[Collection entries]
☆ ☆ ☆

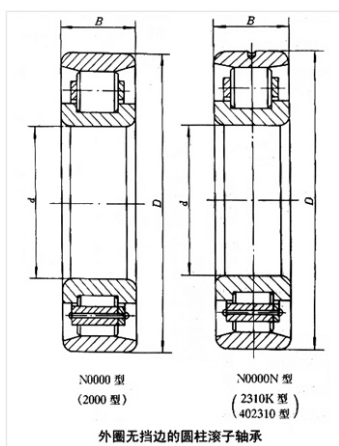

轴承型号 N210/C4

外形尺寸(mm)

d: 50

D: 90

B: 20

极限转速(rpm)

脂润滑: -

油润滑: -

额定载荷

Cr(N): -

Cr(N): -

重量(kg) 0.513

☆ ☆ ☆

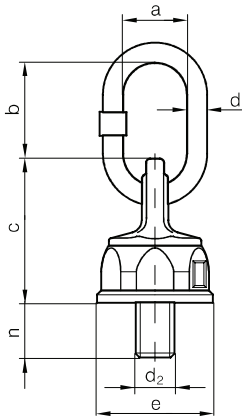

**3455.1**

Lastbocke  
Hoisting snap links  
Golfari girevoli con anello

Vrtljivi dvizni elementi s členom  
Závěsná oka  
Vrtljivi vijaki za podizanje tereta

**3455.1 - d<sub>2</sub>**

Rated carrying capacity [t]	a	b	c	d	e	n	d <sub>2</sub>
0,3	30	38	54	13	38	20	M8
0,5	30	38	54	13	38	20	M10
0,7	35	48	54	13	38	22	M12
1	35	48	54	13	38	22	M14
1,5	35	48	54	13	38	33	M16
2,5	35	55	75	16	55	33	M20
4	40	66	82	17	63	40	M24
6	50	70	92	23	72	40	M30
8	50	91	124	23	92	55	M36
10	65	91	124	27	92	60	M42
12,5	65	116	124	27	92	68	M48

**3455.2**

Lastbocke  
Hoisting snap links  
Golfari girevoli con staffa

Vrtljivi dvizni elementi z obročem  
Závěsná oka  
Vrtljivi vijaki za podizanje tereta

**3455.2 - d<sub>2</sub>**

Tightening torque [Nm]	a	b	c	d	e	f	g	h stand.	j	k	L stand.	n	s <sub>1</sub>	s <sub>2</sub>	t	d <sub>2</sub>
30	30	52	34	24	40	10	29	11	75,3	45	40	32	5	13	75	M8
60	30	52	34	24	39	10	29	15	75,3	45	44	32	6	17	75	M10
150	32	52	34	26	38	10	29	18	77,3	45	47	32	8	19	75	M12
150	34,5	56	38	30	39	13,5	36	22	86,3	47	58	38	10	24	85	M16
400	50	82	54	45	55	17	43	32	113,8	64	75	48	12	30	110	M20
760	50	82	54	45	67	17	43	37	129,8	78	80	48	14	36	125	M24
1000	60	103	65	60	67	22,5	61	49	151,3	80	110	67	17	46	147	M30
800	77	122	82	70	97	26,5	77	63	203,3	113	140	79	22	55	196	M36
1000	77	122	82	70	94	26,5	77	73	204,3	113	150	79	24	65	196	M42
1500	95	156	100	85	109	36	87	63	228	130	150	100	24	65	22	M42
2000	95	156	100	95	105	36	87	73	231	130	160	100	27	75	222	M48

☆ ☆ ☆

Work instructions >> Output the lines above between the one holding "轴承型号 N210/C4" and the one holding "重量(kg) 0.513", inclusive, with nothing before or after them.

Exercise output >>
轴承型号 N210/C4

外形尺寸(mm)

d: 50

D: 90

B: 20

极限转速(rpm)

脂润滑: -

油润滑: -

额定载荷

Cr(N): -

Cr(N): -

重量(kg) 0.513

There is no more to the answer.